Another big theater here in town has this larger rolling drum around 3 ' in diameter. It has a stationary handle... sort of like the hand held rolling devices things you use to pack down dirt when doing landscaping on construction. Well they have one of these but around the drum they wrap these large foam rubber stamps of brick and other textures. They say it's not exactly perfect but a great way to do the initial layer of brick, which they touch up later with other hand layers.


----------



## shiben (Mar 2, 2010)

You can also cut a section of brick stencil out of a piece of poster board. Then paint the back wall a mortar color, then use a sponge to add on your bricks. move your stencil as needed, and vary the color. to make it look 3d, you can take a straightedge and add highlight and shadow to some but not all of the bricks. spatter some mossy colors on to make it look older. A bit time consuming, but probably a bit faster than a brick shaped sponge and a level. also fairly idiot proof, as you can probably get even the slowest kid on the crew happily making a brick pattern for hours. Just show them how to make sure it lines up. At a distance, you can probably convince people that the bricks are 3d by using highlight and shadow to your advantage. Just think about how they will be lit, and dont violate it too hard core with the lights, and it will look really good.


----------



## bestboy (Mar 17, 2010)

Our high school just finished a show where we used stone. We took inch thick insulation boards drew out a mock brick pattern on it with a sharpie. then used old spray paint and sprayed on those lines. the spray paint "eats away" at the foam leaving a nice texture. We then made the grooves deeper with just a file. then taking burlap, dump it in plaster and then lay it on the Styrofoam making sure you push it into the gaps you made earlier. This plaster burlap technique made it much easier to paint, which was just painted gray then sponged on different stone colors to give it that grainy look. the burlap also adds lots of texture to it making it look like stone.


----------



## FatherMurphy (Mar 17, 2010)

> used old spray paint and sprayed on those lines. the spray paint "eats away" at the foam leaving a nice texture.

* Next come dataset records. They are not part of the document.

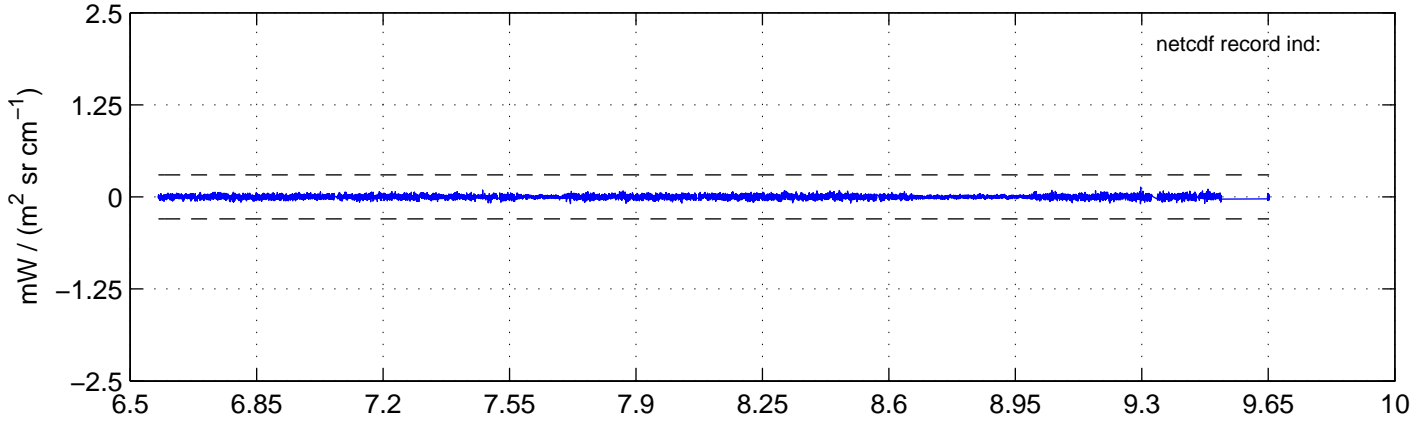

sh130917 Mean IMAG Calibrated Radiance 895.00 – 900.00, good segments

sh130917 Mean IMAG Calibrated Radiance 1093.00 – 1097.00, good segments

sh130917 Mean IMAG Calibrated Radiance 2000.00 – 2025.00, good segments

SEGMENT
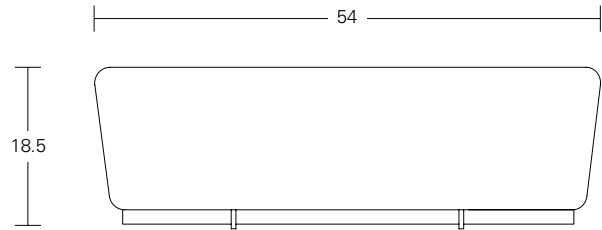

EBB BENCH

MODEL / **Fully Upholstered Pod**

No Linking End / EBH5

SPECIFICATIONS /

FULLY UPHOLSTERED OPTIONS [view here](#)

(Fabric Approval Required)

Brentano
Camira
Carnegie
C.F. Stinson
Green Hides
Maharam
Unika Vaev
COM/COL

LEG OPTIONS [view here](#)

13 Powder Coat Frame Finishes

GLIDE OPTIONS

Standard (nylon)

ADDITIONAL OPTIONS

Floor Mount

QUICK LINKS /

Collection Page

Customer Experience 800-859-7510 | lelandinternational.com

I hope you were doing this in a well-ventilated room, as the chemical reaction between the foam and the solvents in the spray paint releases some rather nasty gases, including a couple forms of chlorine. I'd advise you to make sure you have the proper types of respirators before using the technique again.

I've seen and done a similar process with luan stencils and heat guns/propane torches, but applying heat to foam is just as bad environmentally, if not worse, plus offering the chance to burn the shop down.


----------



## BrockTucker (Mar 23, 2010)

I use that same thick foam but instead of dissolving it just get a few stiff metal bristle brushes and carve away. Some pictures of process and results. P.S. Makes a huge mess, they're still finding bits of foam in that theater. P.P.S. just noticed that guy on the ladder is barefoot... I'm going to go with I was at lunch when these were taken.


----------



## GrayeKnight (Mar 23, 2010)

Not the best picture (will get one under stage lights once i bother getting them off my camera), but this is how ours turned out!

I made a stamp out of sponges mounted on scrap luan that was 8 bricks on one row, 9 on the other, offset. Just distressed the sponges, stamped on the red and then sponged on the other darker and lighter layer. 

Comments? I'd love to hear what you guys have to say. We just closed this past Saturday.


----------



## mcs (Mar 25, 2010)

GrayeKnight said:


> Has anyone had success with this seamless paper as a wall covering?
> 
> Brick Pattern Seamless Paper from Rose Brand
> 
> ...


If you go with the base paint, 1/2" tape for grout lines then brick paint you will need to add texture to your base paint for the grout line. Sand and glue in the paint etc.. Then add texture to your brick paint, joint compund, saw dust, glue to hold it together etc. This is a slow way to do it, but cheap if you have the time. Vacuform are the best bricks.

Matthew


----------



## TechnicalTheatreProf (Apr 17, 2010)

The scenic artist at the Kansas City Rep had some brick stencils made out of masonite, they were about 4' square. She would lay them down on the wall, painted the grout color, then fill the "brick" openings in the stencil with a thick stucco-type mixture. She would have 3 or 4 colors of the stucco and would mix them in each opening to vary the color of each brick. She would let it set up for a few minutes, then would remove the stencil. There would be a brick shaped mounds of the stucco about a 1/4" proud of the surface. She would then squish or remove some of the stucco before it set up to prevent uniformity. It always looked awesome.
Nick


----------



## sweetpollypurbread (Jul 6, 2013)

*Creating brick wall for photoshoot with temporary mortar*

How can I create a "fake" mortar for a tempoary brick wall 24" x 96".
I need to create a brick wall that will be photographed for a set, then disassembled that day?
I experimented with sawdust and glue,... any other ideas?


----------



## Les (Jul 6, 2013)

*Re: Creating brick wall for photoshoot with temporary mortar*

Have you looked in to faux brick wall panels? They're realistic-ish, and you could probably distress it some to make it even more authentic looking. 

Shop DPI 1/4-in x 4-ft x 8-ft Red Brick/Eggshell Hardboard Wall Panel at Lowes.com


----------